Methods: We performed immunhistochemical staining to analyze Siglet-15 expression in primary invasive breast cancer tissue microarrays. The tissue specimens were from 90 patients. Furthermore, The relationship between Siglec15 and clinicopathological features was analyzed with logistic regression and the Wilcoxon signed-rank test. The association between clinical characteristics and overall survival in the Cancer Genome Atlas (TCGA) and Molecular Taxonomy of Breast Cancer International Consortium (METABRIC) patients was assessed.

Results: Immunhistochemical staining of tissue microarrays showed that Siglet-15 had higher expression in breast cancer tissues than those in adject normal tissues. Breast cancer tissues had higher Siglec15 expression than normal tissues. Kaplan-Meier survival analysis suggested that triple negative breast cancer with high Siglec15 expression had poorer survival than those with lower Siglec15 expression (p=0.042). Furthermore, high Siglec15 expression group had low activated dendritic cells, follicular helper T cells, and M1 macrophages.

Conclusions: Siglet-15 had high expression in breast cancer tissues. High Siglec15 expression is associated with low activated dendritic cells, follicular helper T cells, and M1 macrophages proportions in breast cancer tissue, and predicts poor prognosis in triple negative breast cancer. Siglec15 expression may be a potential prognostic molecular marker of poor survival in breast cancer.

Cancer Biology

Oncology

Breast cancer

Sialic acid binding Ig-like lectin 15 (Siglec-15)

Gene expression

M1 macrophages

dendritic cells

Cancer survival

Breast cancer is one of the most common cancers in women. [1–3] Women who have localized stage cancer have the best prognosis, with a 5-year relative survival rate of 99%. However, patients with distant stage cancers have a much worse prognosis, with a 5-year relative survival rate of only 27%. [3] The main factors that influence the risk of breast cancer include aging, pregnancy history, overweight, lack of exercise, genetics, and smoking cigarettes. [4] Triple-negative breast cancer (TNBC) have an increased aggressiveness, higher histologic grade, and higher risk of local recurrence and visceral metastasis.[5]

Normalization cancer immunotherapy is a new strategy to treat cancer, which can normalize the compromised immunity without disproportionate side-effects.
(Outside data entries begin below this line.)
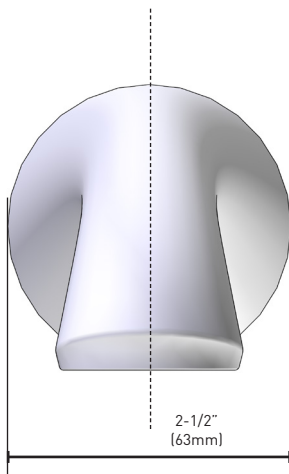

### DESCRIPTION

- Metal construction with various finishes identified by suffix
- 10" Ultra thin tub spout allows for a longer distance between the wall and the tub
- Designed to be installed on MANCIS, MANCXS, or MANXS brass spout manifolds

#### 10" NON-DIVERTING TUB SPOUT

**MODELS:** TF195386  
TF195386BL  
TF195386BN

### CRITICAL DIMENSIONS

DO NOT SCALE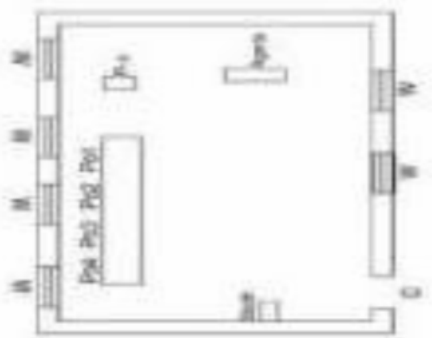

Nazri Naksha

Google Map View

Polling Station Building Front View

Polling Station Front View

Cad View

Key MAP View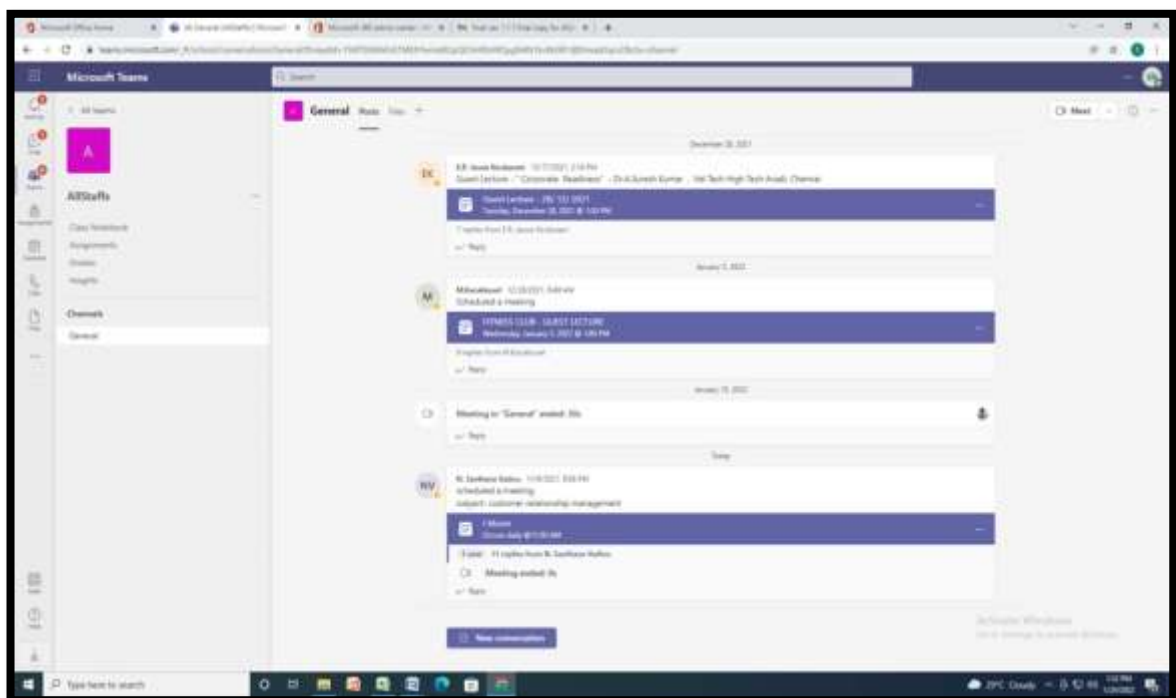

SCREENSHOTS OF USER INTERFACE MICROSOFT TEAMS APPLICATION

HOME PAGE

ADMIN PAGE

CONTROL PAGE

HOMEPAGE FOR CIRCULARS AND REMINDERS

ATTENDANCE REPORT

CLASS RECORDINGS

PARTICIPANT LIST

ASSIGNMENT PAGE

ASSIGNMENT REPORT

JOINING PAGE

In recent years, immunotherapy has become of great interest in its promise to treat breast cancer. The programmed death ligand 1 (PD-L1) checkpoint protein helps keep immune cells from attacking normal cells. Blocking PD-L1 can inactivate T cells through both programmed death 1 (PD-1) and B7, and can prevent cancer cells from being killed by CD8+ T cells. The Food and Drug Administration has approved atezolizumab to treat PD-L1 positive unresectable locally advanced or metastatic triple-negative breast cancer.[6] Furthermore, some clinical trials have been performed to investigate the other medicines that target immune pathways in breast cancer. The tremelimumab, a cytotoxic T lymphocyte antigen-4 antibody, has been used to treat metastatic hormone responsive breast cancer.[7] Lymphocyte activation gene-3 antibody has been used to treat metastatic breast cancer.[8]Pembrolizumab, an anti-PD-1 antibody, has been used to treat metastatic triple-negative breast cancer.[9] However, only 20-30% of solid tumor patients respond to anti-PD-1/PD-L1 treatment.[10, 11].It’s necessary to find new checkpoint targets to restore the defective immune responses in the tumor microenvironment as a principle for normalization cancer immunotherapy.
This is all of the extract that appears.